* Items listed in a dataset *
((
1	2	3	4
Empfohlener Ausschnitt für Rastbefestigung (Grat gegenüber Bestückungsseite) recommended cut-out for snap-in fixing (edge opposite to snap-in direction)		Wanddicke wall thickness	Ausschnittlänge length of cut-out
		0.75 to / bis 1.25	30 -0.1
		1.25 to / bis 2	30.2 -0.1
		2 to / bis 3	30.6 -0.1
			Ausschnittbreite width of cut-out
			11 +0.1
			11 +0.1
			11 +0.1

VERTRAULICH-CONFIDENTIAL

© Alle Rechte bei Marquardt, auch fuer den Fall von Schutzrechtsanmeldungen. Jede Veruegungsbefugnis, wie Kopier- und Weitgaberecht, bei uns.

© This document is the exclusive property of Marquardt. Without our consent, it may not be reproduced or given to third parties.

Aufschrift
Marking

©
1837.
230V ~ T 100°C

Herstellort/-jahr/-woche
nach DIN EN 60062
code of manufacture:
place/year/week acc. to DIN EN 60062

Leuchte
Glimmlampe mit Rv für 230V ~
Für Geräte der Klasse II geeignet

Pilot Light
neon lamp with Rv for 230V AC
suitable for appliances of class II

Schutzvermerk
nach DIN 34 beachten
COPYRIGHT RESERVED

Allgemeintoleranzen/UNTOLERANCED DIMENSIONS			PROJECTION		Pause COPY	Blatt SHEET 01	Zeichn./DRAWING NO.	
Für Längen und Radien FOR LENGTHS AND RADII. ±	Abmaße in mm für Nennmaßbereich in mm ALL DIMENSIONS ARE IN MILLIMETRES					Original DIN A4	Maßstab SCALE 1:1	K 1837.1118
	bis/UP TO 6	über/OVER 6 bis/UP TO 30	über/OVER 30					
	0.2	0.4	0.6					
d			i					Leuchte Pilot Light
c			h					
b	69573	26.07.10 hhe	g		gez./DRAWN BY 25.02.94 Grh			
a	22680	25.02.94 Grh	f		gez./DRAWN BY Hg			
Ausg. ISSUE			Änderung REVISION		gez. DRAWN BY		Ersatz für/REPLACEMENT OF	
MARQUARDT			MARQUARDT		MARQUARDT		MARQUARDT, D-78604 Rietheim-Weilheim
))
((
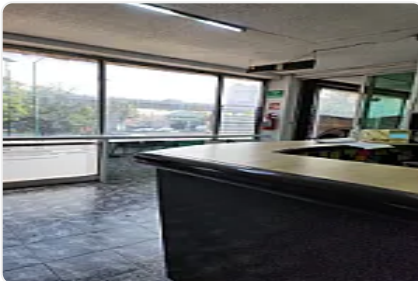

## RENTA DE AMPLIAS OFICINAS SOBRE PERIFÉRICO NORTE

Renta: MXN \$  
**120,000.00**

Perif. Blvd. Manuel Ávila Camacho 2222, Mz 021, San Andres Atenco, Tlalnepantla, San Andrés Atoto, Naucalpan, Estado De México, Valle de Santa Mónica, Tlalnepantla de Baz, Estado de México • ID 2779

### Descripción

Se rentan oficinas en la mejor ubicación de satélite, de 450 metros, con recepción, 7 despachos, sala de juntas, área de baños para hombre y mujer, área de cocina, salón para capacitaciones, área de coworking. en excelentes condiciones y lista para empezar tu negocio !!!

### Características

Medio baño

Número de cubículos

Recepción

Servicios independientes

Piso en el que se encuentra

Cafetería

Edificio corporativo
))
* Prompt *
Search the records for the word "DIMENSIONS". Copy every line that has it.

* Answer to this problem *
Allgemeintoleranzen/UNTOLERANCED DIMENSIONS			PROJECTION		Pause COPY	Blatt SHEET 01	Zeichn./DRAWING NO.	
Für Längen und Radien FOR LENGTHS AND RADII. ±	Abmaße in mm für Nennmaßbereich in mm ALL DIMENSIONS ARE IN MILLIMETRES					Original DIN A4	Maßstab SCALE 1:1	K 1837.1118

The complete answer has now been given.